The speech of Stephen is quite the speech in Acts. It illustrates both how the gospel was conceived as the climax of Israel’s Story and how the early Church read the Bible from beginning to end. But first we’ve got to get Stephen, one of the deacons, arrested so we can get him to his gospeling/speech!
6:8 Now Stephen, full of grace and power, was performing great wonders and miraculous signs among the people. 6:9 But some men from the Synagogue of the Freedmen (as it was called), both Cyrenians and Alexandrians, as well as some from Cilicia and the province of Asia, stood up and argued with Stephen. 6:10 Yet they were not able to resist the wisdom and the Spirit with which he spoke. 6:11 Then they secretly instigated some men to say, “We have heard this man speaking blasphemous words against Moses and God.”6:12 They incited the people, the elders, and the experts in the law; then they approached Stephen, seized him, and brought him before the council. 6:13 They brought forward false witnesses who said, “This man does not stop saying things against this holy place and the law. 6:14 For we have heard him saying that Jesus the Nazarene will destroy this place and change the customs that Moses handed down to us.” 6:15 All who were sitting in the council looked intently at Stephen and saw his face was like the face of an angel.

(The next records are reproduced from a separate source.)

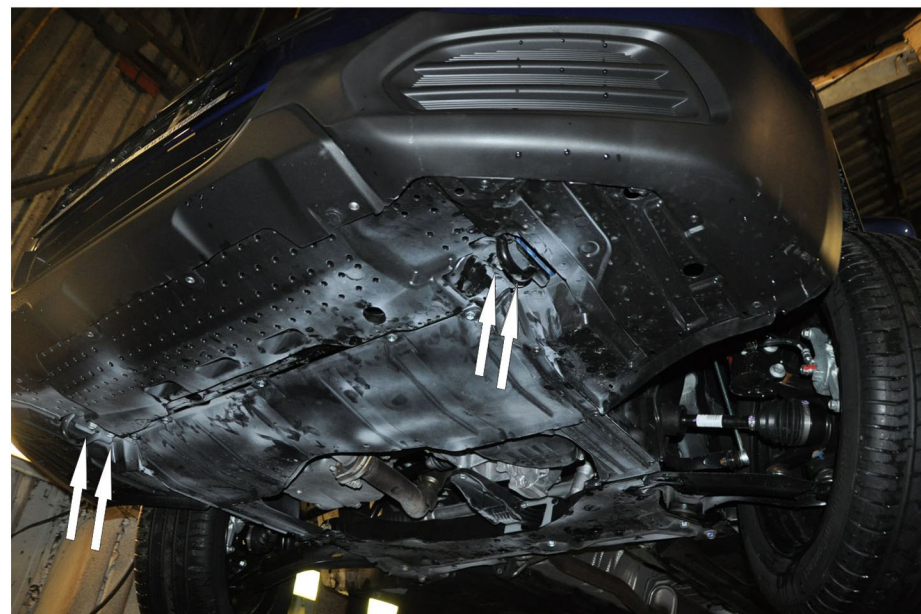

Suzuki SX4

Артикул:	R.5508.001 Защита переднего бампера d42
Кузов:	Все
Год выпуска:	2013
Объем двигателя:	Все
Тип КПП:	Все

СОСТАВ КРЕПЕЖА

1. Болт М10х30.....	4 Шт.
2. Шайба 10.....	8 Шт.
3. Шайба пружинная 10.....	4 Шт.
4. Гайка 10.....	4 Шт.
5. Кронштейн правый.....	1 Шт.
6. Кронштейн левый.....	1 Шт.

ИНСТРУКЦИЯ ПО УСТАНОВКЕ

1. Установить кронштейны на штатные резьбовые отверстия в передней части автомобиля при помощи штатных болтов (рис. 1).
2. Установить защиту бампера на кронштейны при помощи болтов М10х30 и гаек М10. Отрегулировать положение защиты бампера.
3. Затянуть все резьбовые соединения. Не использовать пневмо-инструмент (М10-50Нм).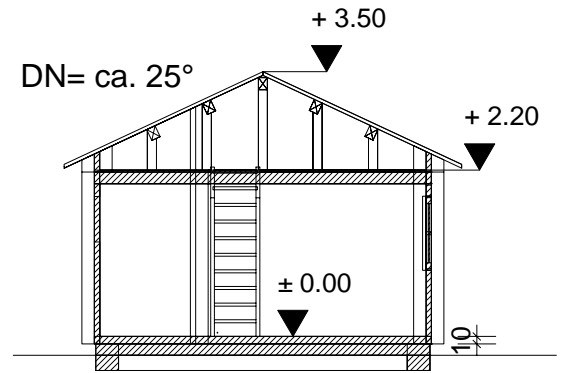

Grundriss

Schnitt A--A

Ansichten

"Rügen"

24 qm Blockhaus / Serie BL

		<b>Holzindustrie Nahmitz GmbH</b> An der A 2 * 14797 Kloster Lehnin OT Nahmitz <b>www.HAVEL-HAUS.de</b> Tel.: 03382 / 704 114; Fax: 03382 / 704 212	
Projekt: Typ "Rügen" Serie Berliner Laube			
Bauherr:			
Architekt: / Hinweis: Diese Darstellung ist ein Entwurf. Detaildarstellungen sind nicht verbindlich.			
Dateiname: 24 qm Rügen			
Maßstab:	1 : 100	Datum:	17.06.2009
			Erdgeschoß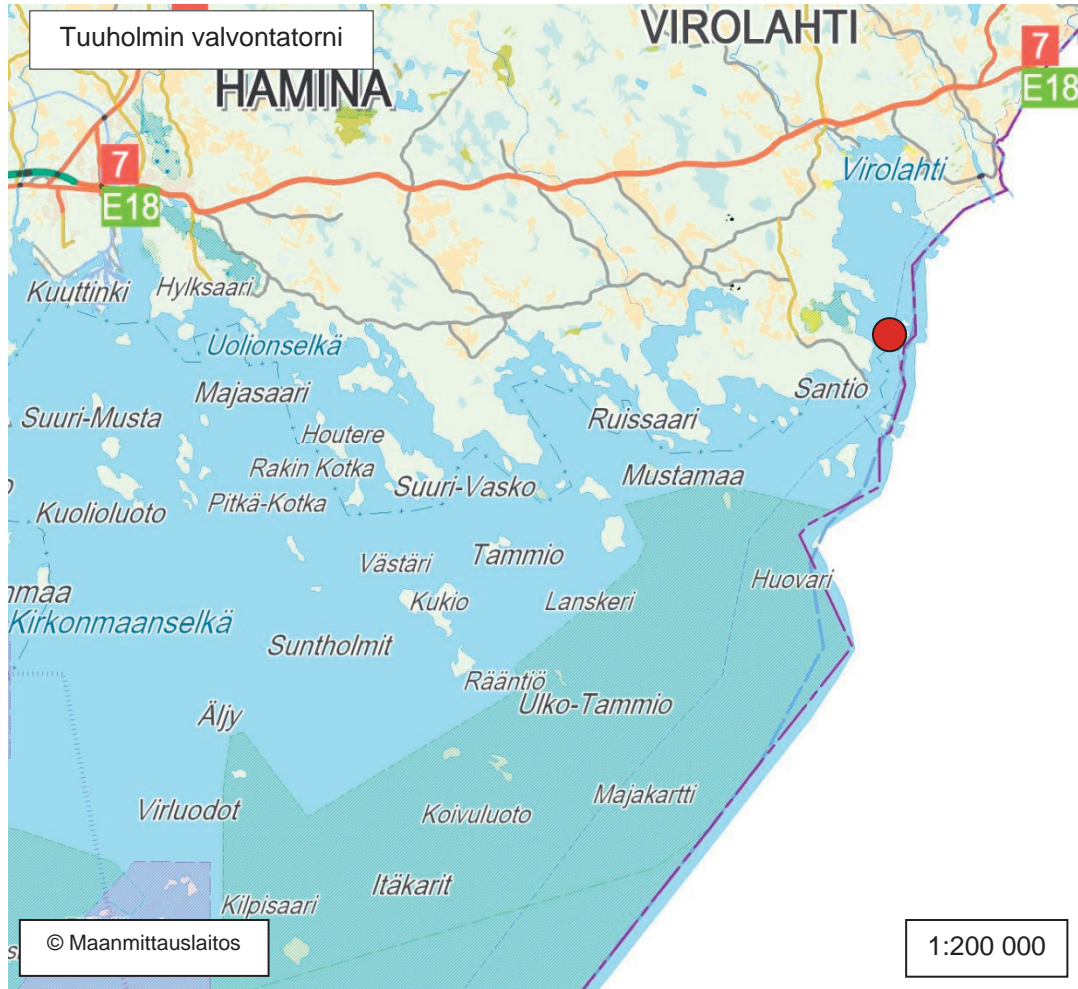

Tuuholmin valvontatorni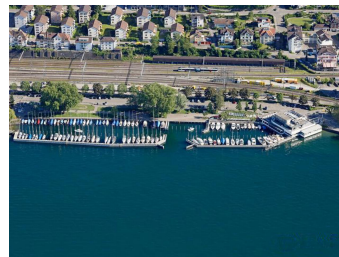

Liegeplätze Hafen Liegeplatz im Yachthafen Rorschach

| | |
|------------|---|
| Kategorie | Liegeplatz |
| Typ | Fester Steg |
| Hersteller | Liegeplätze |
| Modell | Hafen Liegeplatz im Yachthafen Rorschach |
| Länge | 6.20 m |
| Breite | 2.40 m |
| Tiefgang | 1.00 m |

Wir haben noch einen freien Platz!

Der freie Liegeplatz, ideal für ein Motorboot, befindet sich direkt gegenüber dem Hauptbahnhof und ist somit bequem und schnell erreichbar.

Gebührenpflichtige Parkplätze stehen in ausreichender Anzahl zur Verfügung.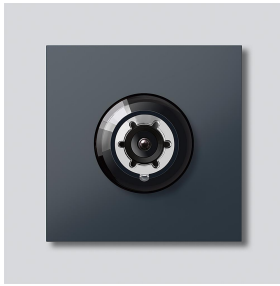

## Artikelinformationen

Artikel-Bezeichnung	Artikelbeschreibung	Farbe	KG	Artikel-Nr.
BCM 651-0 AG	Bus-Kamera 80 für Siedle Vario	Anthrazitgrau	D	210008179-00

Bus-Kamera 80 für  
Siedle Vario  
BCM 651-0 AG

210008179

Seite 2

**Artikel-Bezeichnung**

Vario 611

**Artikelbeschreibung**

Dichtrahmen Module

**Farbe**

Grau

**KG**

E

**Artikel-Nr.**

210007484-00

Bus-Kamera 80 für  
Siedle Vario  
BCM 651-0 AG

210008179

Seite 3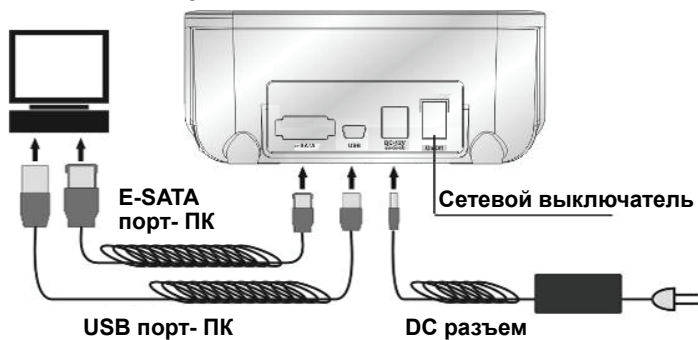

★ Задняя сторона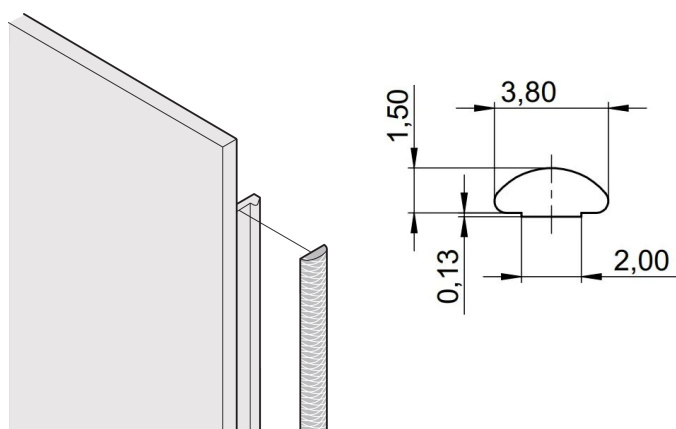

Kit de blindaje textil EMC para panel frontal, -40... +70°C, 3 U; 10 piezas

NÚMERO DE CATÁLOGO

21101-853

Las juntas textiles EMC se insertan en una ranura en el lado derecho de los paneles frontales en forma de U. Las juntas están pegadas al panel frontal.

CERTIFICACIONES

CARACTERÍSTICAS

La junta textil EMC se coloca lateralmente en el panel frontal o en la ranura del perfil derecho, según corresponda.

El sello de perfil se une a la superficie de contacto del soporte de 19" o del ángulo trasero y establece la conexión conductora a los paneles delanteros en forma de U

Rango de temperatura -40 °C ... +70 °C.

ATRIBUTOS DEL PRODUCTO

Altura del rack: 3U

Cantidad del paquete: 10

Fondo (D): 1.62mm

Altura (H): 97mm

Material: Elastómero termoplástico

Familia de productos: EuropacPRO; RatiopacPRO; RatiopacPRO AIRE; PropacPRO; Frame Type Plug-in Unit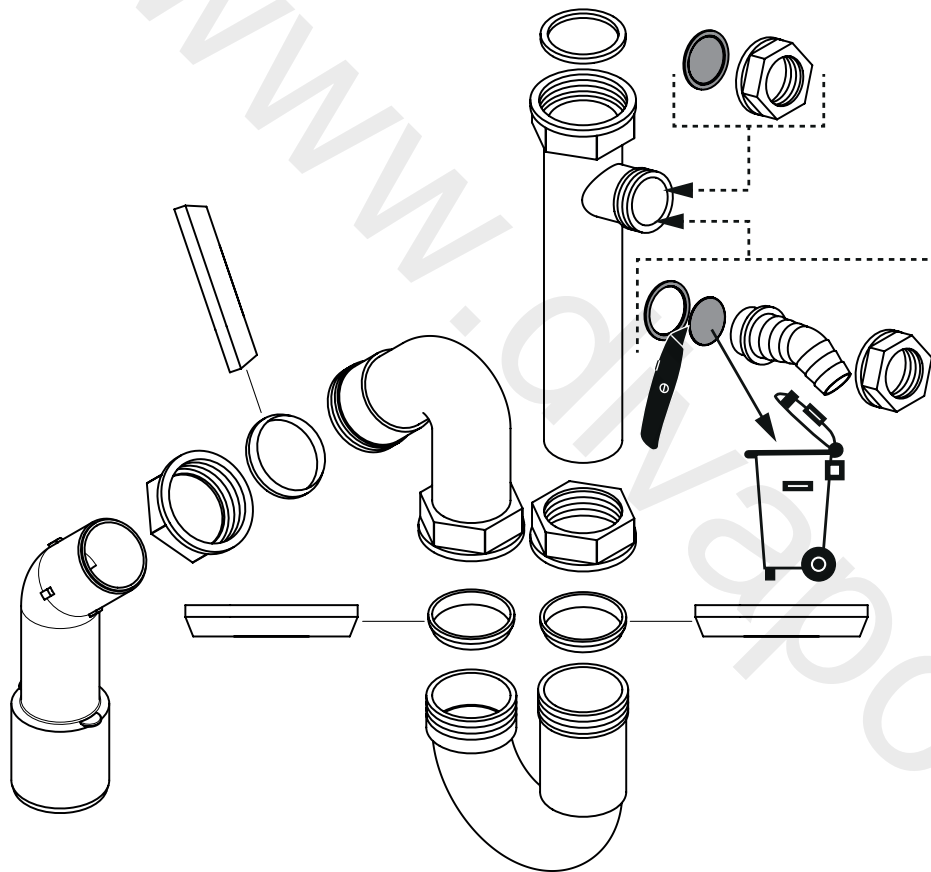

hansgrohe

Drain

1 x 43920000

manual for sink 450

Made in Germany

Nach der Montage alle Muttern fest anziehen!
 Serrerer tous les écrous à fond après le montage
 After mounting tighten all nuts firmly!
 Dopo il montaggio serrare tutti i dadi!
 ¡Apretar todas las tuercas tras el montaje!
 Na de montage alle moeren opnieuw aandraaien!
 Stram alle møtrikker efter monteringen
 Apertar todas as porcas no final da montagem!
 Po montażu mocno dokręcić wszystkie nakrętki!
 Po provedení montáže utáhněte všechny matice!
 Po montáži pevne utiahnite všetky matice!
 安装完成后拧紧所有组件!
 После монтажа прочно затяните все гайки!
 Szerelés után minden anyát jól meg kell húzni!
 Kiristä asennuksen jälkeen kaikki mutterit tiukkaan!
 Dra át alla muttrar efter monteringen!
 Sumontavę tvirtai užveržkite visas veržles!
 Nakon montaže zategnite sve matice!
 Montajdan sonra tüm somunları iyice sıkın!
 După montare strângeti bine toate piulițele!
 Μετά την τοποθέτηση θα πρέπει να σφίξετε καλά όλα τα παξιμάδια!
 Po montáži čvrsto pritegnite vse matice!
 Pärast paigaldust keerata kõik mutrid kinni!
 Pēc montāžas cieti pievelciet visus uzgriežņus!
 Nakon montaže zategnite sve navrtke!
 Trekk til alle muttere etter monteringen!
 След монтажа затегнете добре всички гайки!
 Pas montimit shtrëngoni të gjitha dadot!
 بعد التركيب، يتم تثبيت جميع الصواميل بإحكام!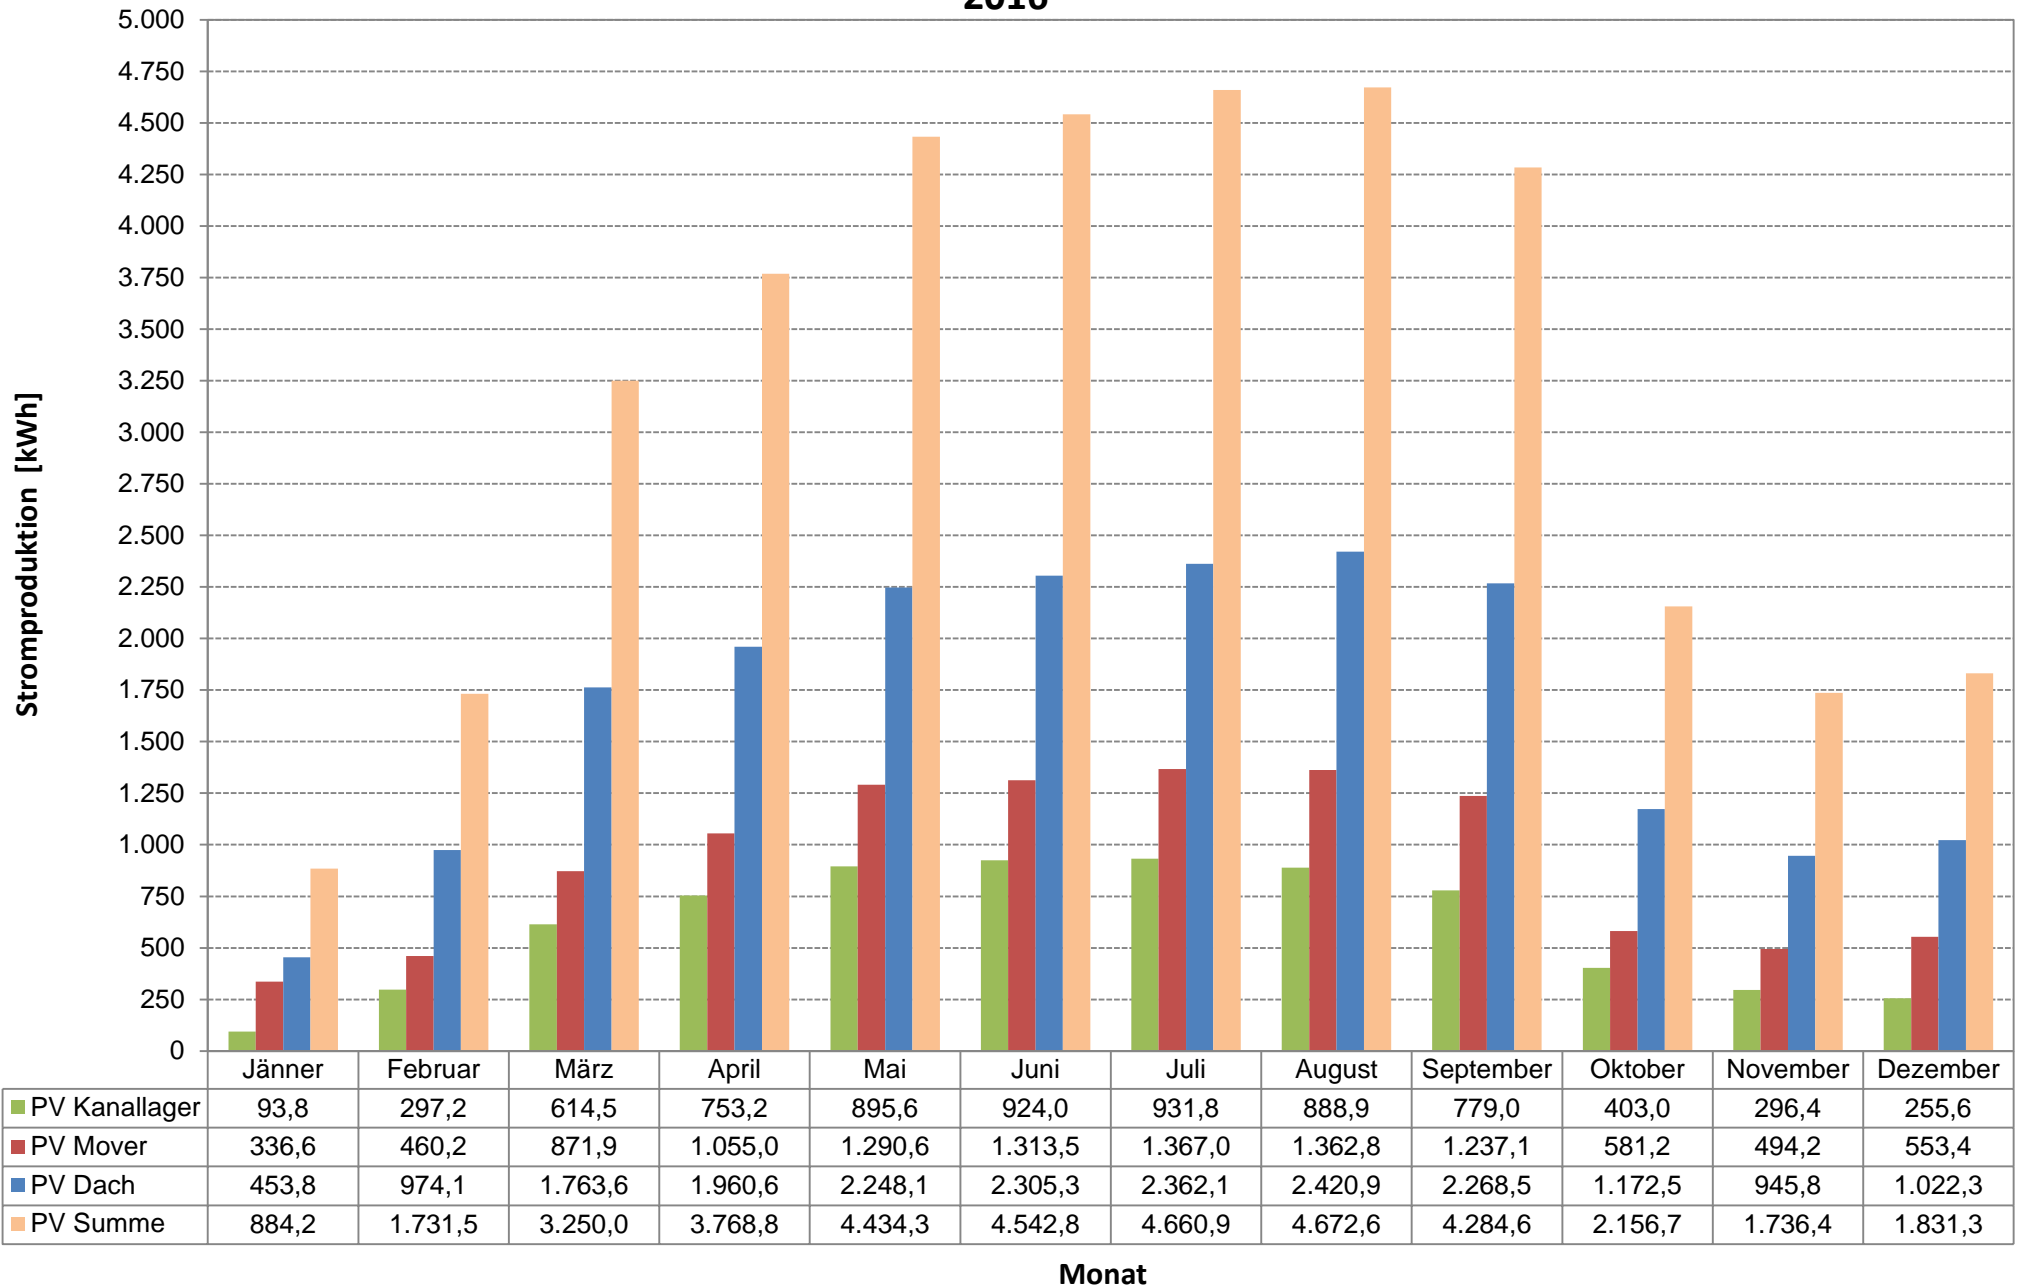

Stromproduktion PV Anlagen RHV Hallstättersee 2016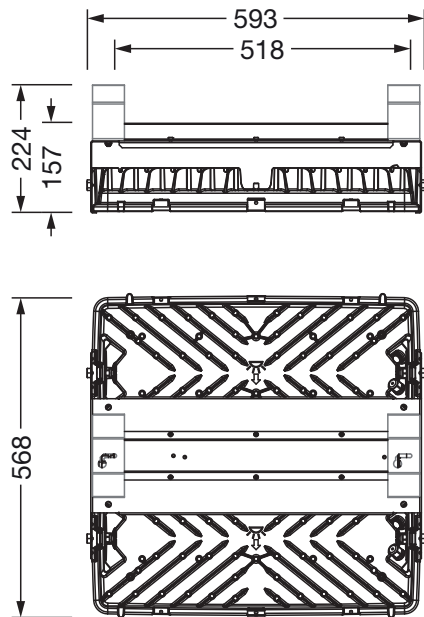

Bestillingsnummer: 51HF62DB4TMA | GTIN (EAN): 4058352919897

Mål:

Det er obligatorisk at monteringsanvisningene må følges når du planlegger og installerer den elektriske installasjonen (finn du på www.siteco.com)

Toleranser relatert til termiske, elektriske og fotometriske data i henhold til IEC 62722

Versjon 16.02.2024 – Med forbehold om endringer og feil – Påse at du alltid bruker siste versjon –

The alleged case against Stephen has to do with how faithful he is to the Temple and to the Torah/Moses and to Israel and to God. Stephen’s opponents are Greek speaking Jews in a synagogue or two (text is not real clear here). Luke makes it clear — as a narrative makes clear — that God was with Stephen, and that means we are to hold the words of his opponents as potentially untruths. Then Luke tells us they looked at Stephen’s face and it glowed.
There is, then, a narrative that begins with God-with-Stephen, the critics, and then it finishes with God-with-Stephen. God, as it were, surrounds Stephen in the midst of potential (and about to happen) violence.
The gospel of God emerges from this opposed voice — and it is a voice near and around the Temple of Jerusalem. That temple, it becomes clear, will be destroyed and the little movement that predicted that destruction — Jesus to Stephen [if true] to others — will live on. God’s mission keeps on moving.